Search code examples
polybase

Pushdown in Polybase


I have the following scenario. A dimension table, e.g. PRODUCT is loaded into SQL Server 2016. A fact table, e.g. ORDER_ITEM is loaded into Hadoop. I want to run an aggregate query across PRODUCT and ORDER_ITEM, e.g.

SELECT
 PRODUCT.PRODUCT_CATEGORY,
 SUM(ORDER_ITEM.AMOUNT)
FROM
 HADOOP.ORDER_ITEM OI
 JOIN RDBMS.PRODUCT P ON (OI.PRODUCT_ID = P.PRODUCT_ID)
GROUP BY
  PRODUCT.PRODUCT_CATEGORY

What is the behaviour. (1) Does Polybase broadcast the PRODUCT dimension into Hadoop performs the join and aggregation there and returns the result (2) Does Polybase broadcast the ORDER_ITEM table to SQL Server and perfroms the join and aggregation there?

It's probably (2), but if someone has tried it out let me know


Solution

  • PolyBase never moves data from the SQL Server regardless of the data volume.

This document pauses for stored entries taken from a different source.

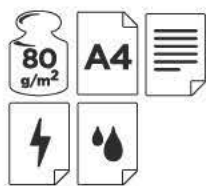

Papel color 80 g/m². Paquetes monocolor.

Idóneos para impresoras ink-jet, láser y fotocopiadoras. Din A4. Paquete de 100.

CÓD.	REF.	COLOR
28258	PC48	AMARILLO
53163	PC60	AZUL TURQUESA
28253	PC59	CÉLESTE
28247	PC50	CREMA
28251	PC56	FUCSIA
28249	PC46	LIMÓN
28294	PC51	NARANJA
28250	PC58	ROJO
28246	PC54	ROSA
28255	PC55	VERDE
53164	PC61	VERDE INTENSO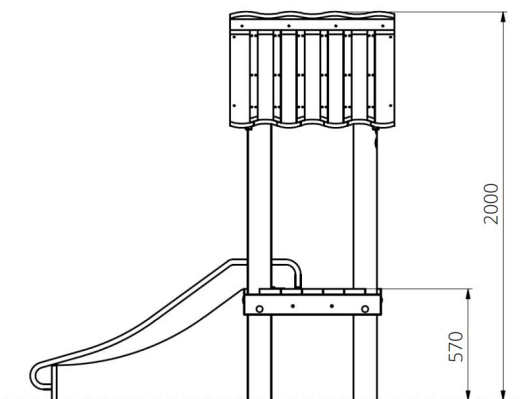

Productblad

Glijbaantoren Honingboom

WP-GT60

Productomschrijving

De Glijbaantoren Honingboom is een populair, modulaair speeltoestel voor de kleintjes. De basistoren bestaat uit een vlonder met dak en een glijbaan, die aangevuld kan worden met diverse modules, maximaal 3. Het is ook mogelijk om modules dubbel te kiezen.

Opties

Het toestel is leverbaar in bv. de kleuren van je huisstijl.

Module 35 - Ladder, Module 36 - Oploop-
pad, Module 37 - Oploopnet, Module 38 -
Vaste trap en Module 39 - Plateau

Glijbaantoren Honingboom WP-GT60

plattegrond

Toestelspecificaties

Afmetingen toestel	1,8 x 1,1 m
Obstakelvrije zone	18 m ²
Totaal hoogte	2,0 m
Valhoogte	< 0,6 m

zijaanzicht

Materialen

Constructie	Robinia
Glijbaan	Metaal met RVS glijvlak

Let op: valdemping vereist

Depending on the statistics, PolyBase would either:

    A) Stream order_item table back to SQL Server and compute the join and aggregate the data.

    B) Push down a partial aggregate Sum(Order_Item.Amount) group by OI.ProductiD, stream the result set to SQL Server, then do the join and final aggregation within SQL Server.